On 10/11/2011 09:17 AM, Marek Szyprowski wrote:
On Monday, October 10, 2011 2:08 PM Maxime Coquelin wrote:
During our stress tests, we encountered some problems : 1) Contiguous allocation lockup: When system RAM is full of Anon pages, if we try to allocate a
contiguous buffer greater than the min_free value, we face a dma_alloc_from_contiguous lockup. The expected result would be dma_alloc_from_contiguous() to fail. The problem is reproduced systematically on our side. Thanks for the report. Do you use Android's lowmemorykiller? I haven't tested CMA on Android kernel yet. I have no idea how it will interfere with Android patches.
The software used for this test (v16) is a generic 3.0 Kernel and a minimal filesystem using Busybox.
With v15 patchset, I also tested it with Android.
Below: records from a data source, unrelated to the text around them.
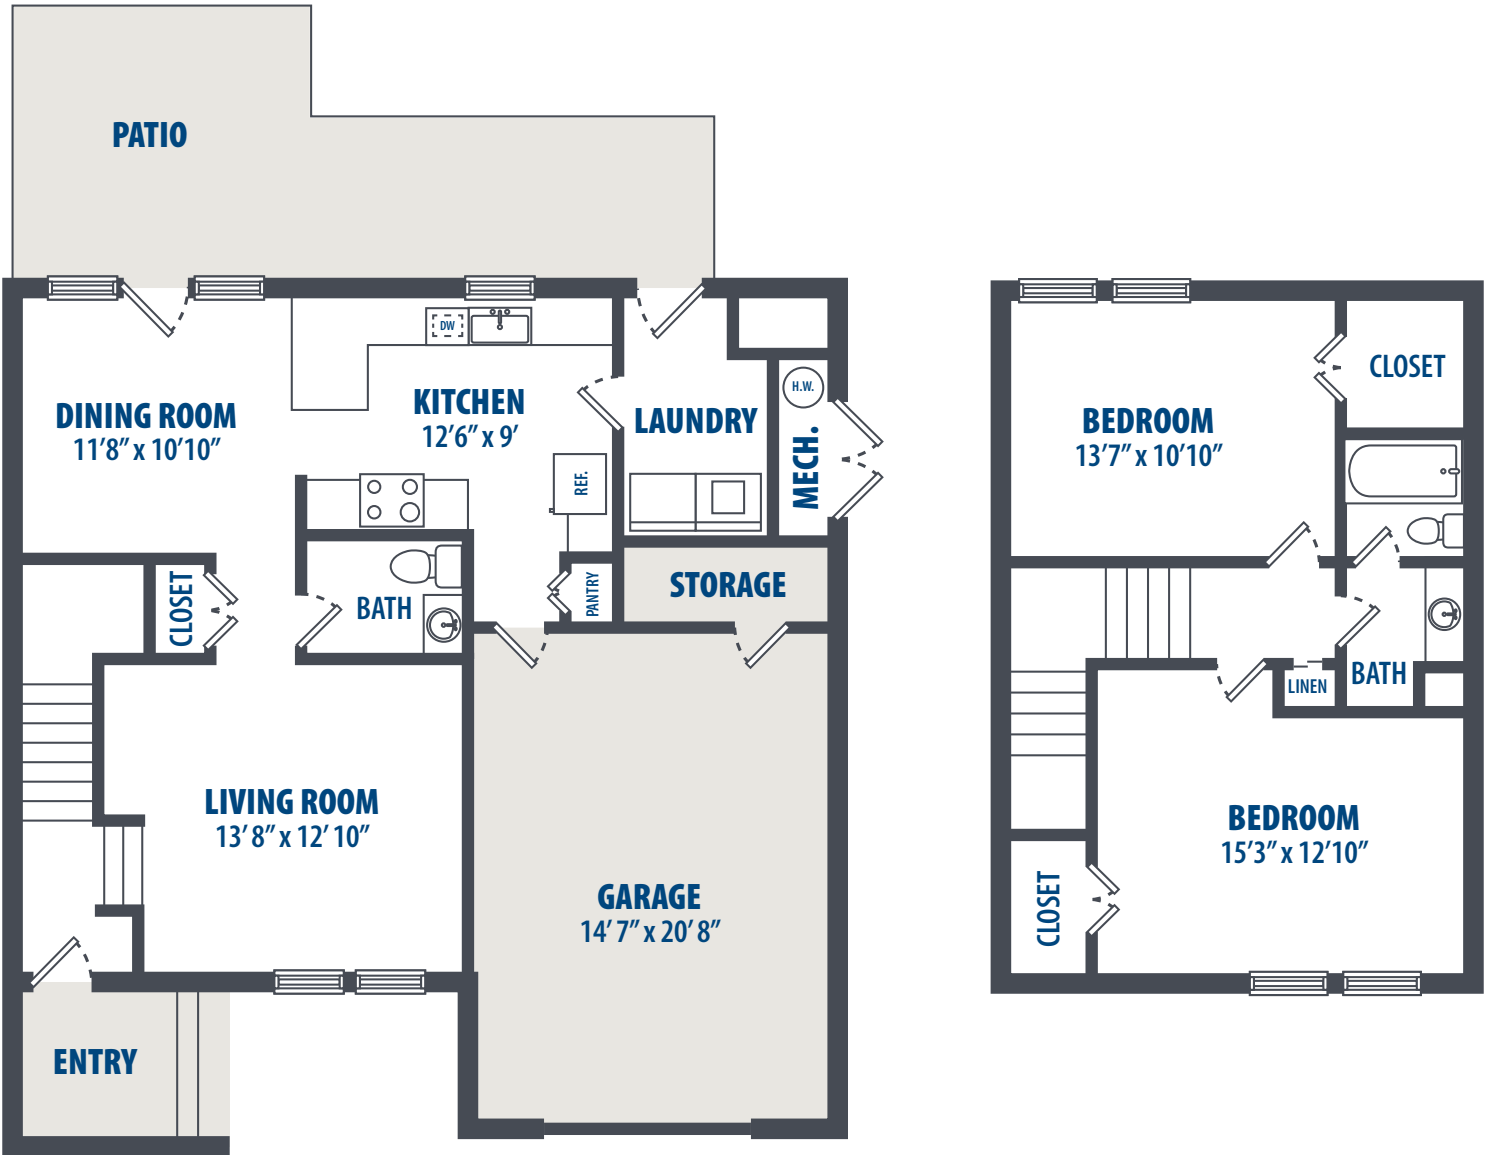

HE2B - 2 BEDROOM

2 Bedroom | 1.5 Bath | 1003 Sq. Ft.*

201 Langley Drive | Barksdale AFB, LA 71110 | Phone: 318-395-6689

**All square footage is approximate.*
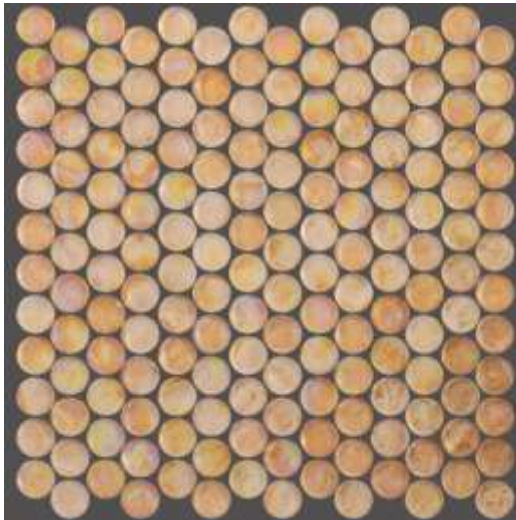

Sky

Golden Glimmer

60 Colors

Glow

Iridescence

Square

Brick

Circle
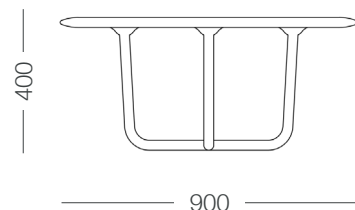

PRODUCT CARE AND MAINTENANCE

All BANCCI products are designed for longevity after they are purchased. We recommend care and attention is given to ensure products maintain their appearance for years to come. Important considerations such as the placement of the product, its exposure to heat and humidity which may cause fading (in fabrics) or expansion and cracking (in timber). Avoid placing in direct sunlight where possible. Outdoor products, particularly those placed in coastal areas, require particular care and attention with regular cleaning. If possible, place products in covered outdoor areas, and covered with weather resistant coverings when not in use. Metal and timber will naturally discolour with the weather.
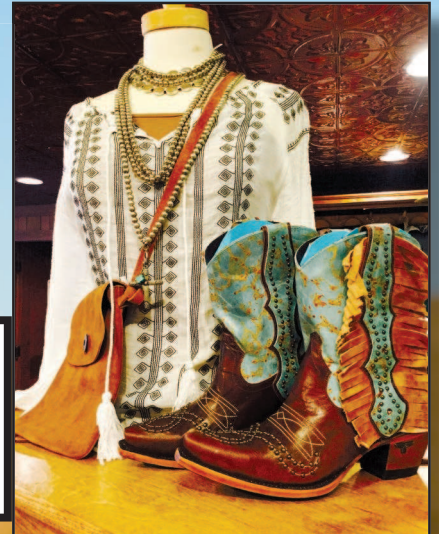

OPEN DAILY 8AM-4PM

SERVING
BREAKFAST 8-11AM
LUNCH 11AM-3PM

OPEN DAILY
4PM

SERVING DINNER
5PM DAILY

Hamley & Co.

• CUSTOM •
Saddles since 1883
STILL the finest hand-made
saddles money can buy!

• LADIES •
Come shop our new
spring selections
Western wear, boots, belts, jewelry, gifts!
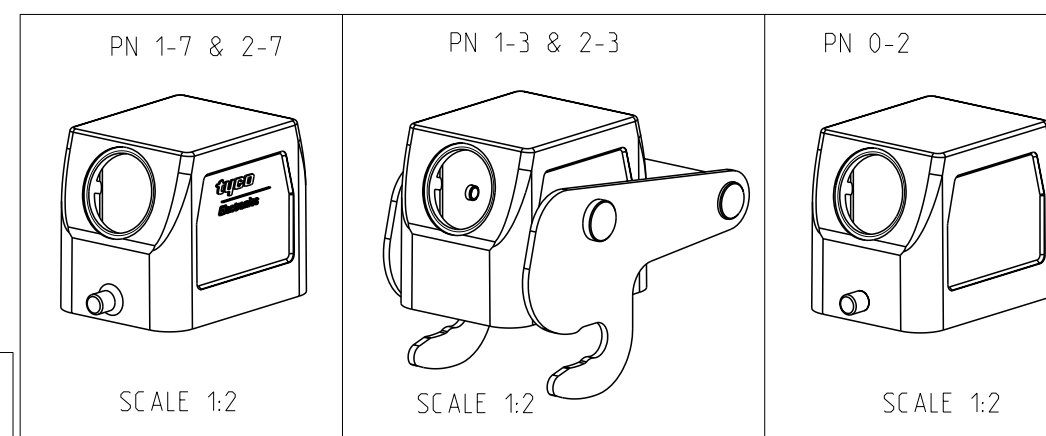

Notes

- 1 Material: Housing: Aluminium diecasting alloy
- 2 Surface:- Varnish-grey/White
-Aluminium oxide+Varnish black
- 3 Varnish on the inside not necessary
- 4 Packaging
Packaging quantity: 5 pieces in a box
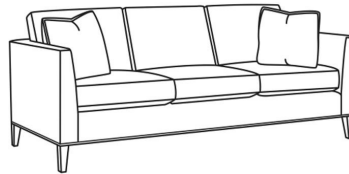

CR LAINE®

STYLE • COMFORT • COLOR

Eastport / L6770-02

DESCRIPTION:	Apt Sofa (79W)
OUTSIDE:	79"W x 35"D x 35"H
INSIDE:	70.5"W x 22.5"D
SEAT:	20"H
ARM:	28"H
BACK RAIL:	28"H
COM:	Plain: 184 sq ft
WEIGHT:	150 lbs

L = available in leather

Standard Features:

Loose Back

Box Border Back

Weltless

May be shown with optional features

EASTPORT

Standard Seat Cushion: Hallmark Seat

Standard Back Pillow: Fiber Back

Also available:

Eastport / 6770-00
Sofa (85W)
Outside: 85W x 35D x 35H
Inside: 76.5W x 22.5D

Eastport / 6770-02
Apt Sofa (79W)
Outside: 79W x 35D x 35H
Inside: 70.5W x 22.5D

Eastport / 6770-05
Chair (32.5W)
Outside: 32.5W x 35D x 35H
Inside: 23W x 22.5D

Eastport / L6770-00
Leather Sofa (85W)
Outside: 85W x 35D x 35H
Inside: 76.5W x 22.5D

Eastport / L6770-05
Leather Chair (32.5W)
Outside: 32.5W x 35D x 35H
Inside: 23W x 22.5D
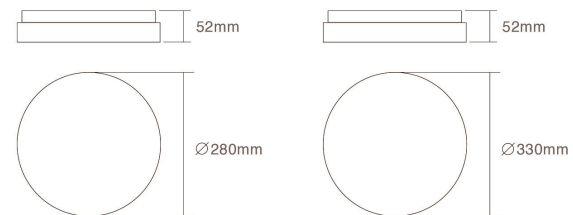

DIMENSIONS

IIRC, sometimes the lowmemorykiller succeed to get free space and the contiguous allocation succeed, sometimes we faced the lockup.
2) Contiguous allocation fail: We have developed a small driver and a shell script to
allocate/release contiguous buffers. Sometimes, dma_alloc_from_contiguous() fails to allocate the contiguous buffer (about once every 30 runs). We have 270MB Memory passed to the kernel in our configuration, and the CMA pool is 90MB large. In this setup, the overall memory is either free or full of reclaimable pages.
Yeah. We also did such stress tests recently and faced this issue. I've spent some time investigating it but I have no solution yet.
The problem is caused by a page, which is put in the CMA area. This page is movable, but it's address space provides no 'migratepage' method. In such case mm subsystem uses fallback_migrate_page() function. Sadly this function only returns -EAGAIN. The migration loops a few times over it and fails causing the fail in the allocation procedure.
We are investing now which kernel code created/allocated such problematic pages and how to add real migration support for them.
Ok, thanks for pointing this out.
Regards, Maxime